Re: Moodle hacked, file permissions in IIS

by Mauno Korpelainen -

Correct me if I am wrong but most likely IUSR does not need write or modify permissions to C:\inetpub\wwwroot\moodle once moodle is installed - it should only need write permissions to moodledata folder (outside wwwroot) and php sessions folder.

In reply to Dave Keller

Re: Moodle hacked, file permissions in IIS

by Howard Miller -
Picture of Core developers Picture of Documentation writers Picture of Particularly helpful Moodlers Picture of Peer reviewers Picture of Plugin developers

Yep - the installation instructions (although somewhat Unix biased) tell you to make sure that the web server user cannot write to the Moodle program directory.

In reply to Howard Miller

Re: Moodle hacked, file permissions in IIS

by Dave Keller -

So you think completely removing the first entry (IUSR) will bring it in line with recommendations?

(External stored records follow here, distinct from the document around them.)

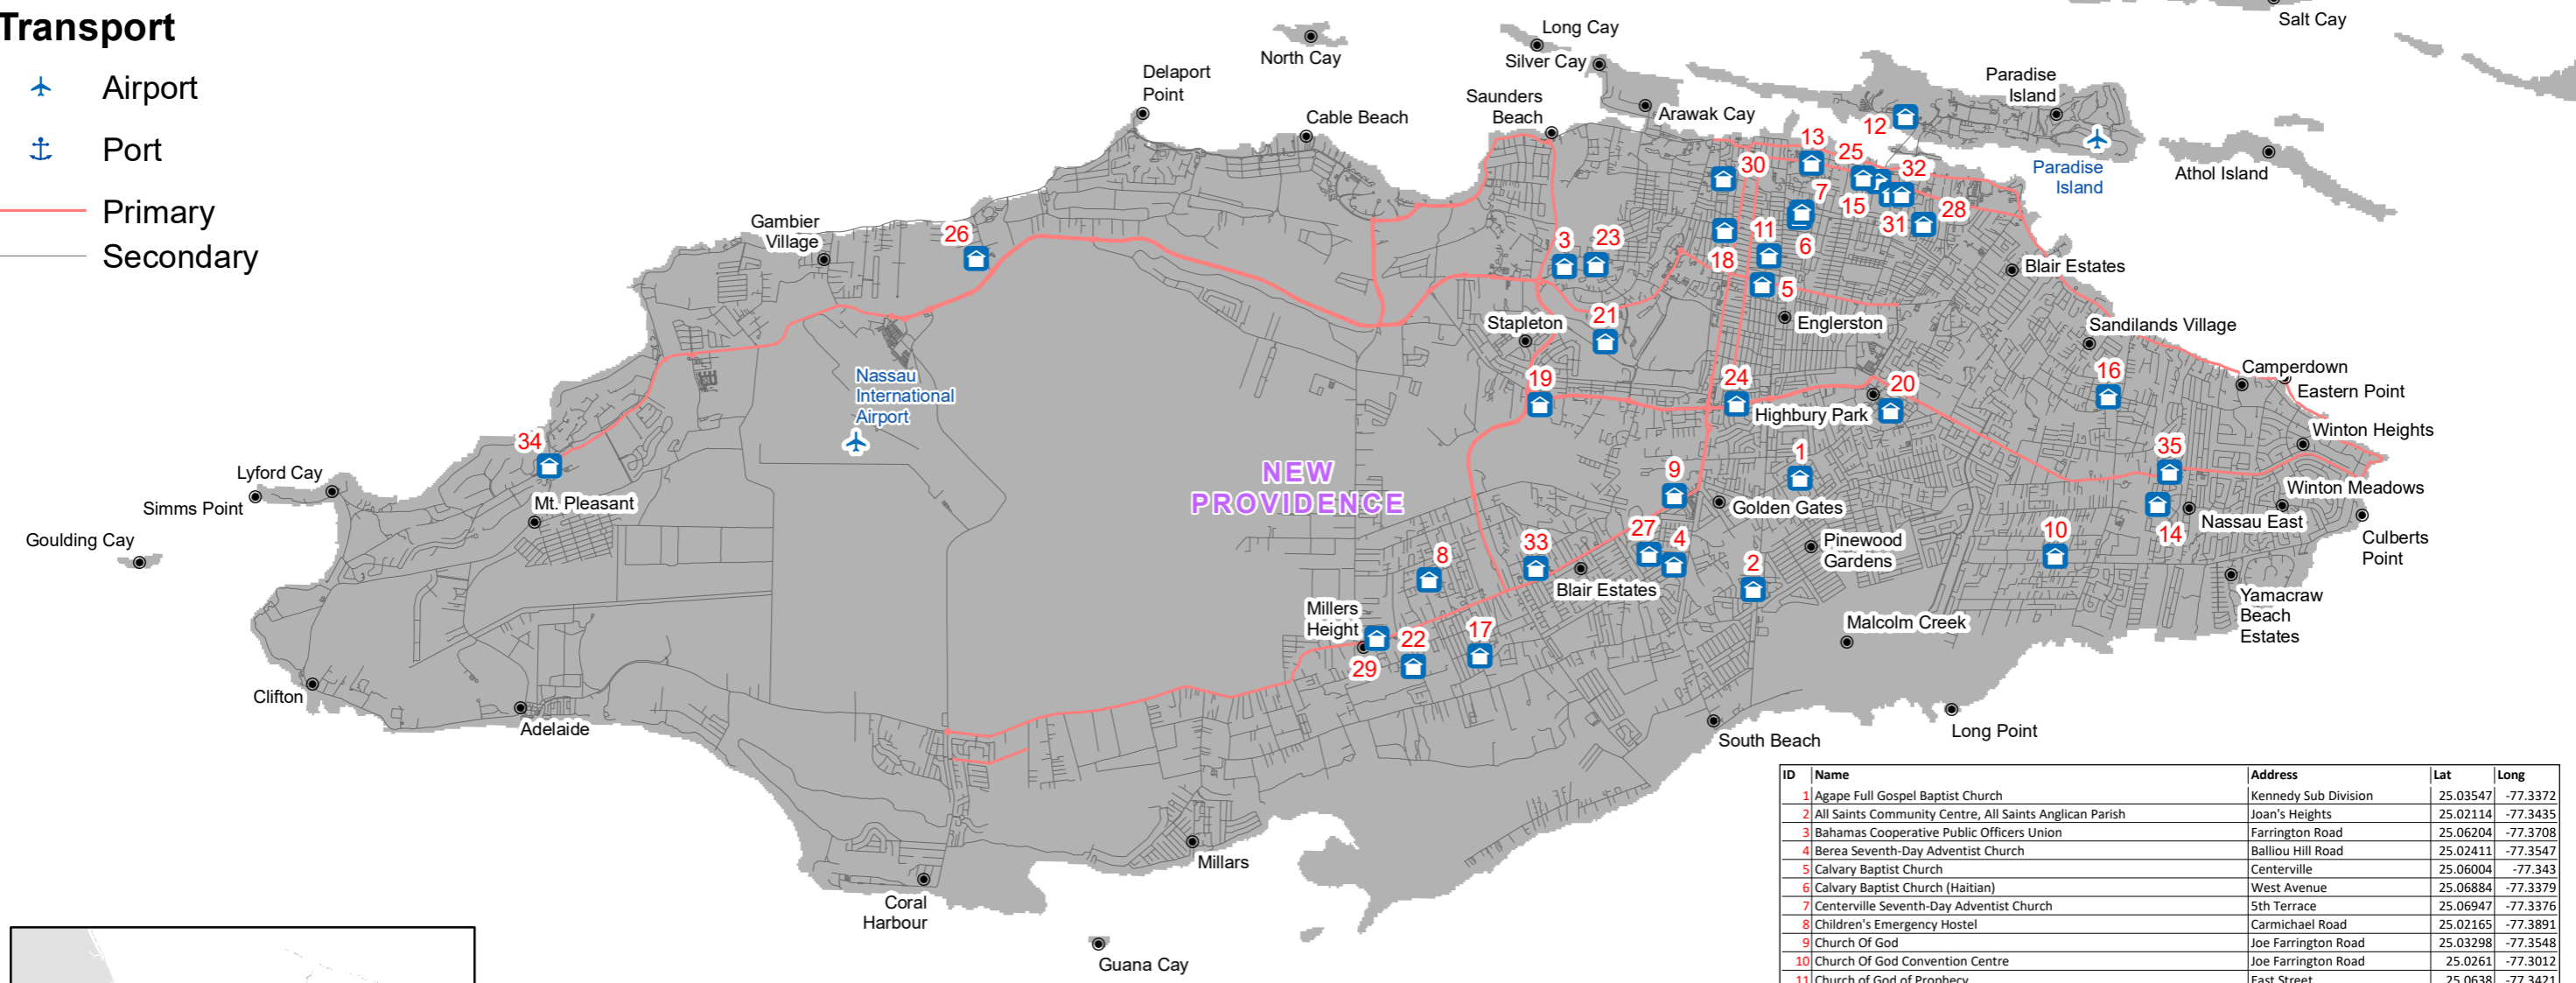

# The Bahamas: Hurricane Dorian

## Informal shelter locations in New Providence as of 23rd September 2019

Supported by the German Federal Foreign Office and the Ministry of Foreign Affairs of the Netherlands.

- Settlement
- Transport**
- ✈ Airport
- ⚓ Port
- Primary
- Secondary

Data Sources: BNGIS, GADM, Unicef  
Map created by MapAction (23/09/2019)

Thanks for the replies, much appriciated.

In reply to Dave Keller

Re: Moodle hacked, file permissions in IIS

by Howard Miller -
Picture of Core developers Picture of Documentation writers Picture of Particularly helpful Moodlers Picture of Peer reviewers Picture of Plugin developers

Just change it's permission to 'Read and execute'. What you don't want is write/modify etc.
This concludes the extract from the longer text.